Excellent post (and wonderful comments), will be building something upon this, I hope.
Ben,
Thanks for the clarification of how you see the question. I habitually start from the assumption that subjectivity belongs to everything, that there is always a *here* there. But the problem totally remains, *what* is the pattern? We might try to think the relational intersection between the pattern and the emergence, the former being a perceptible through with the latter appears, preferably in a situation where we cannot hold anthropocentric models of local situations, somewhere where the separation of pattern and emergence seems essential, where they don’t talk to each other (no possibility of city planning).
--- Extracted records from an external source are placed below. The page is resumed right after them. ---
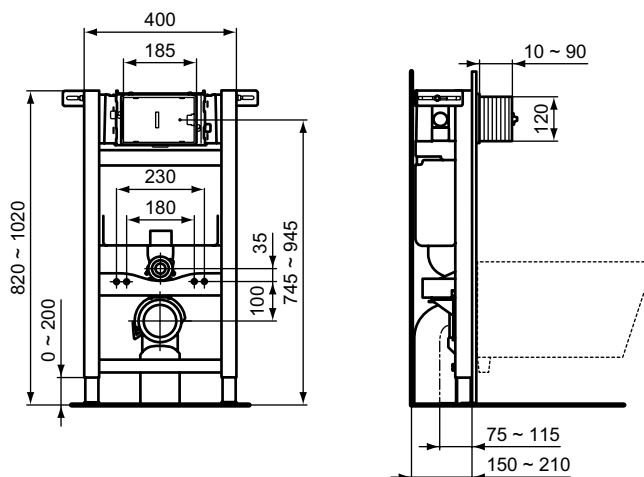

Покрытие / цвет

67 Neutral (Нейтральный)
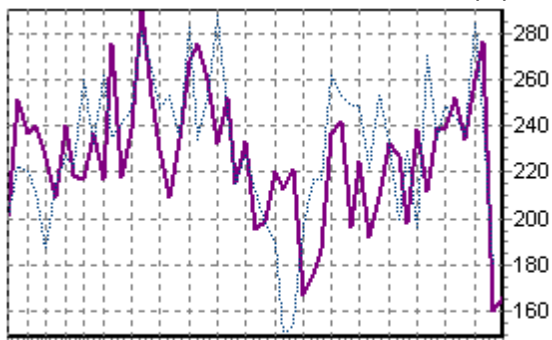

REPARTITION DES RACES (nb têtes/semaine)

ACTIVITE HEBDOMADAIRE PRIM'HOLSTEIN (66)

ACTIVITE HEBDOMADAIRE CHAROLAISE (38)

ACTIVITE HEBDOMADAIRE BLONDE D'AQUITAINE (79)

ACTIVITE HEBDOMADAIRE LIMOUSINE (34)

ACTIVITE HEBDOMADAIRE BLANC BLEU (25)

ACTIVITE HEBDOMADAIRE CROISEE (39)

1 3 5 7 9 11 14 17 20 23 26 29 32 35 38 41 44 47 50 53

1 3 5 7 9 11 14 17 20 23 26 29 32 35 38 41 44 47 50 53
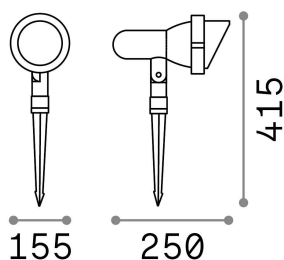

Info generali

Esterno - Proiettori

Outdoor adjustable projector with direct light emission

Ean	8021696033044
Articolo	TERRA PR1 BIG ANTRACITE
Installazione	Proiettori
Garanzia	5 years
Peso lordo	1.6 kg
Volume	0.008628 m ³

Info tecniche e installative

Peso netto	1.23 kg
Classe di isolamento	I
Grado di protezione	IP65
Conformità	CE
Temperatura d'esercizio	-15° ~ +45 °C
Dimmer	Determined by the light bulb
Alimentazione	220-240 V AC
Alimentatore	Not required
Orientabilità	YES

Info sorgente e prestazionali

Sorgente integrata	Light bulb (not included)
Sorgente sostituibile	No
Potenza	E27 max 1 x 42 W
Emissione	Direct
Consumo massimo	-
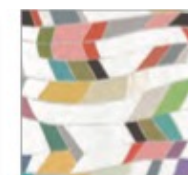

MELAMINE

Melamminici STRUTTURA

BIANCO

CORDA

CRETA

OLMO PERLA

OLMO NATURALE

Melamminici DESIGN

VINTAGE

CONCRETE

PLISSÉ

NOCE

Melamminici COLORE

BIANCO

CORDA

CRETA

OLMO PERLA

OLMO NATURALE

TEXTURE ALFA

PUNTO

RIGA

TEXTURE BETA

CARBONCINO

ARLECCHINO

TRATTO

MAGNOLIA

PEONIA

VIOLA

POLVERE

BALENA

STEPPA

ULIVO
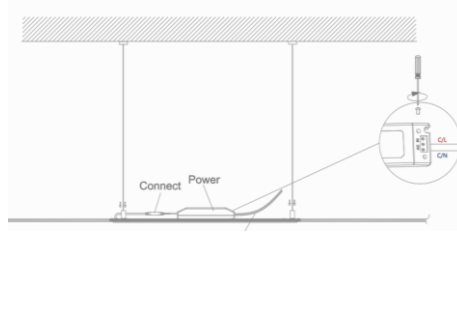

Vorschaltgeräte

Artikel-Nr.	Name	Dimmung
69.03527.03390*	Standard 15W ON/OFF	Ohne
69.01286.01427*	Standard 40W ON/OFF	Ohne
69.04393.05553	Standard 40W 3M Kabel/Eurostecker	Ohne
69.01285.01426*	Standard 60W ON/OFF	Ohne
69.01453.01584*	Standard 40W ON/OFF	1-10V
69.05480.07587	Notlichtbetriebsgerät	Ohne
69.05481.07593	Akku 3h zum Notlichtbetriebsgerät	

69.01396.01531*	MeanWell 60W	DALI
69.03161.03031*	MeanWell 40W	DALI
69.01453.01584*	Standard 40W	1-10V
69.01454.01585*	Standard 60W	1-10V
69.01182.01329*	MeanWell 60W	1-10V
69.01181.01328*	MeanWell 40W	1-10V

*Inkl. 20 CM Anschlusskabel vorverdrahtet für Direktanschluss am SES Panel

Oberflächen

Rahmen

Einbau

Hängend

Aufbau

Produktübersicht

Artikel-Nr.	Abmessung in mm	Lichtfarbe (K)	Leistung (W)	Lumen (lm)	Diffusor	Rahmenfarbe
62.03146.03017	295x295x11.5	3000	15	1725	UGR <19	Weiss
62.03147.03018	295x295x11.5	4000	15	1725	UGR <19	Weiss
62.02840.02714*	620x620x11.5	5000	40	4800	matt	Weiss
62.02835.02709	620x620x11.5	5000	40	4600	UGR <19	Weiss
62.02839.02713*	620x620x11.5	4000	40	4800	matt	Weiss
62.02830.02704	620x620x11.5	4000	40	4600	UGR <19	Weiss
62.03145.03016	620x620x11.5	3000	40	4200	UGR <19	Weiss
62.03807.03658**	624x624x11.5	6500	40	4600	UGR <19	Weiss
62.02836.02710*	624x624x11.5	5000	40	4800	matt	Weiss
62.02773.02647	624x624x11.5	5000	40	4600	UGR <19	Weiss
62.02837.02711*	624x624x11.5	4000	40	4800	matt	Weiss
62.02764.02638	624x624x11.5	4000	40	4600	UGR <19	Weiss
62.03134.03005	624x624x11.5	3000	40	4200	UGR <19	Weiss
62.04884.06508	1195x295x11.5	4000	54	6210	UGR <19	Weiss
62.04684.06509	1195x295x11.5	3000	54	5670	UGR <19	Weiss
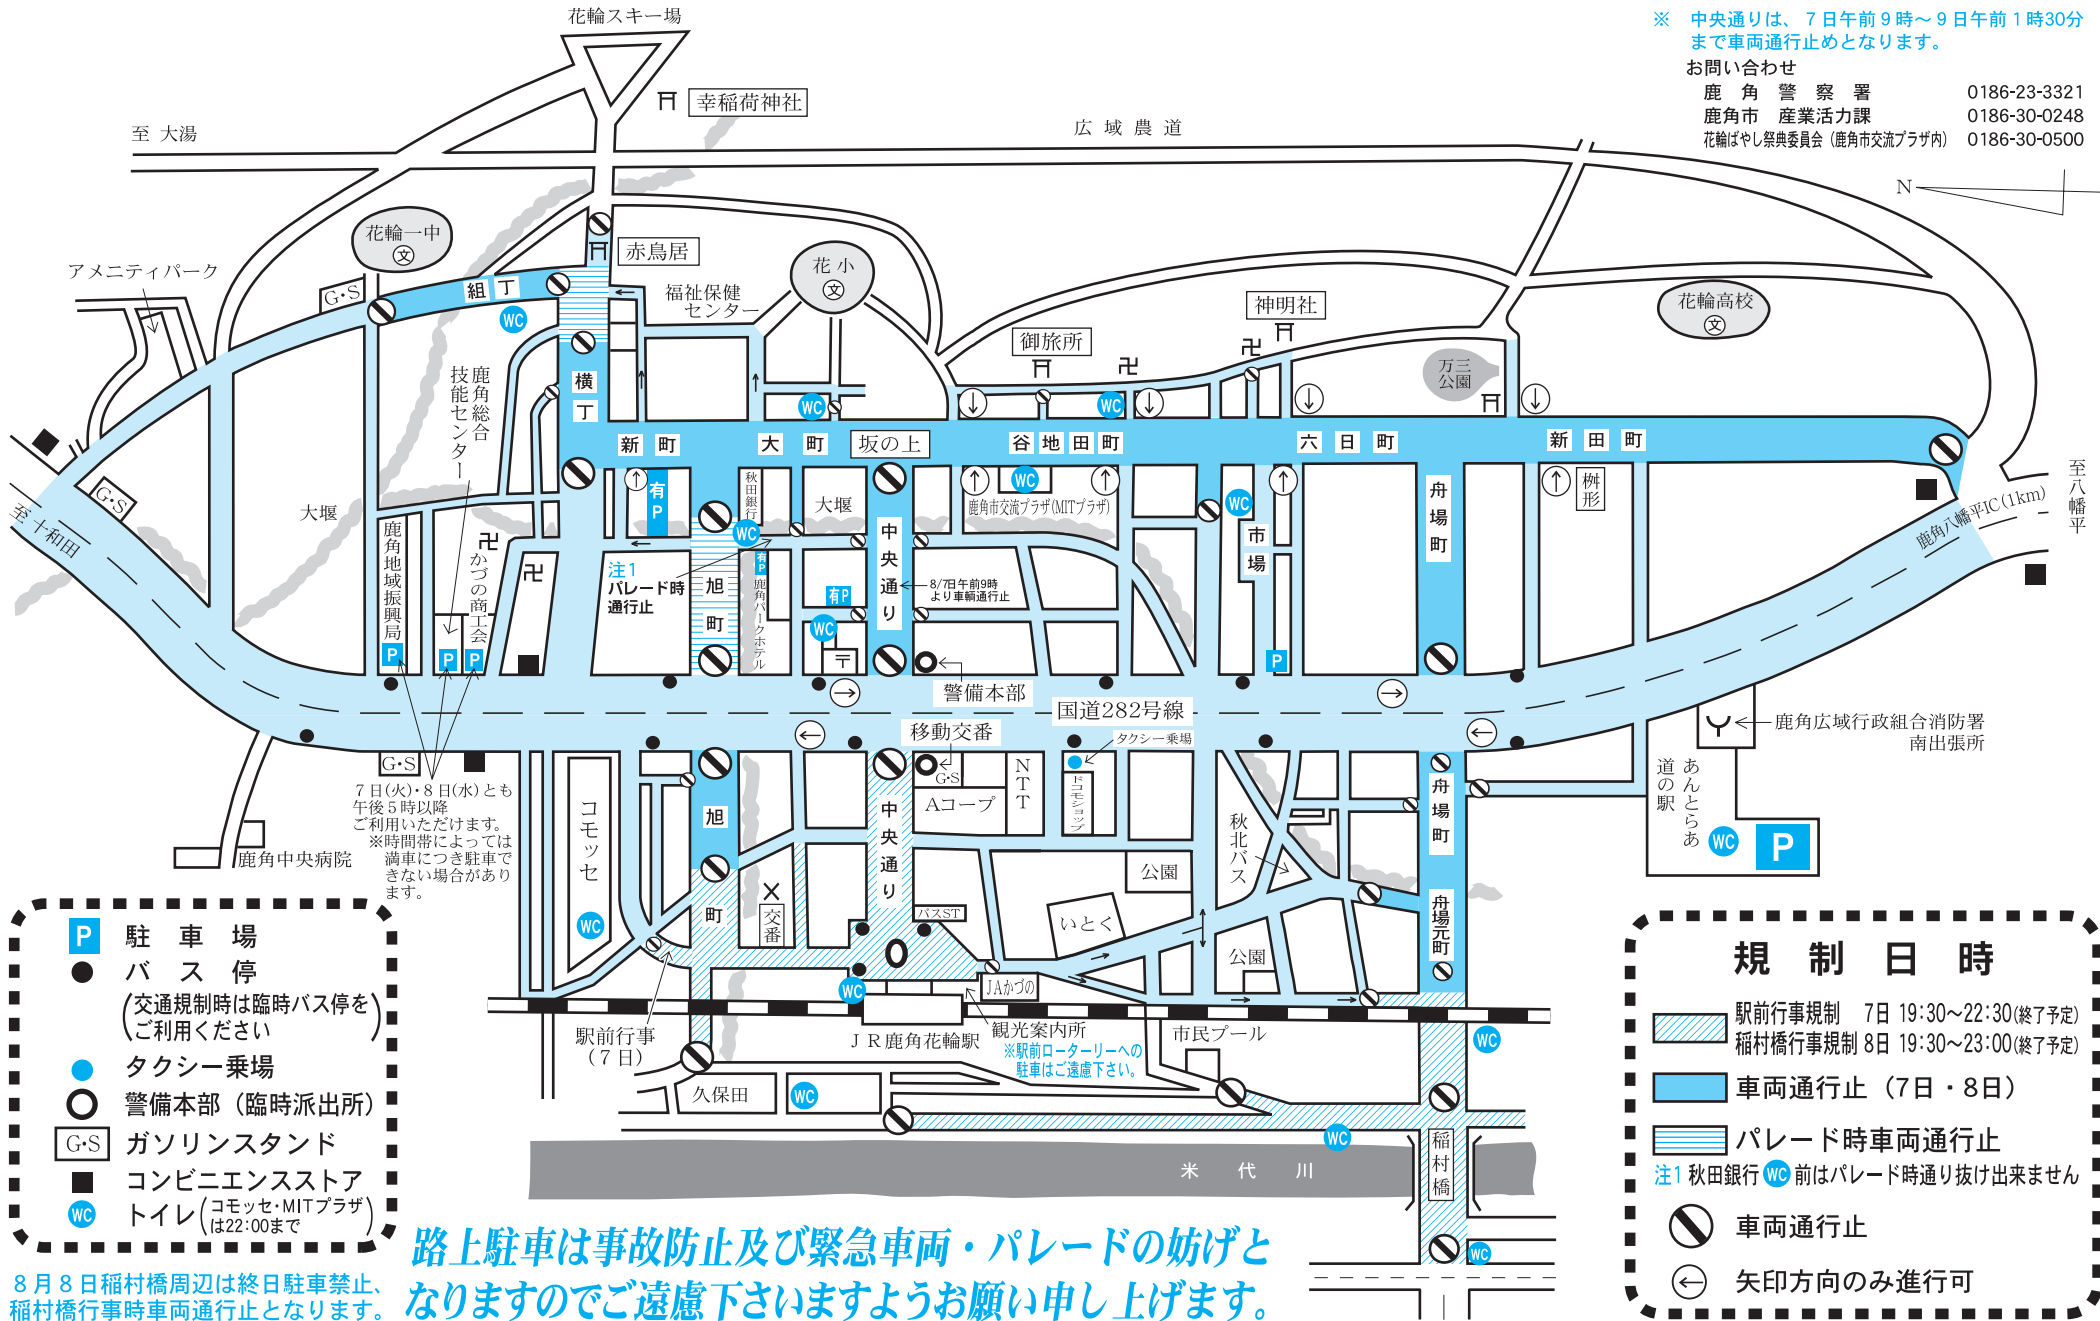

# 平成30年 花輪ねふた 8月7日(火)・8日(水) 交通規制図

## 花輪ねふたにおける交通規制について

花輪ねふたにおける交通の混雑と事故防止のため  
下図のように交通規制を行いますので皆様特段の御  
協力をお願いします。

- 交通規制  
7日(火) 午後5:00~8日(水) 午前1:00  
8日(水) 午後5:00~9日(木) 午前1:30

※ 中央通りは、7日午前9時~9日午前1時30分  
まで車両通行止めとなります。

お問い合わせ  
鹿角警察署 0186-23-3321  
鹿角市産業活力課 0186-30-0248  
花輪ばやし祭典委員会(鹿角市交流プラザ内) 0186-30-0500

※ 時間は、予定時刻です。天候次第では時間、内容に変更があります。

8月19日(日)・20日(月)

※「花輪ばやし子供パレード」が行われます。

### 花輪ねぶたの交通規制について

何かとご不便をお掛けしますが、よろしくご協力賜りますようお願い申し上げます。

1. 交通規制
    - 7日(火)午後5:00~8日(水)午前1:00
    - 8日(水)午後5:00~9日(木)午前1:30
- ※ 中央通り(国道~商店街通り)は、露店出店のため7日午前9時~9日午前1時30分まで車両通行止めとなります。

Here the example of the constellation is pretty interesting. What is the inside of a constellation? Or what is the relation between Brooklyn and two people living there without knowing the other does? There is a cool way in which this kind of gap is a real relation, the substance of the emergence, the event allowing the constellation to appear or a swarm to have a direction of its own. Our situation suggests that for there to be a Brooklyn, it is necessary that such a thing never exist, or exist only as traces of itself? what Levinas calls ‘the insertion of space in time’?
Best,
Nicola
I’m still not sure how to think the relation of the pattern and emergence – emergence suggests a non-intentional behaviour or set of behaviors between already constituted objects (like ants in an ant colony). A pattern suggests a sensorially decided bound be placed on the moving objects which is recognizable. What is inside a constellation is a storm of indirect effects of the points – I think there is a discussed divide of ontological and epistemological emergence. What we could say about life is that its creation is ontological emergent or, at least, it is an identity and not a datum since we cannot say why life emerges but that once a life is classified as human, or monkey etc. we must question then what kind of differences are real or have real effects versus patterns which group movements via categories.
I’m not really sure – this is something I’m trying to figure out.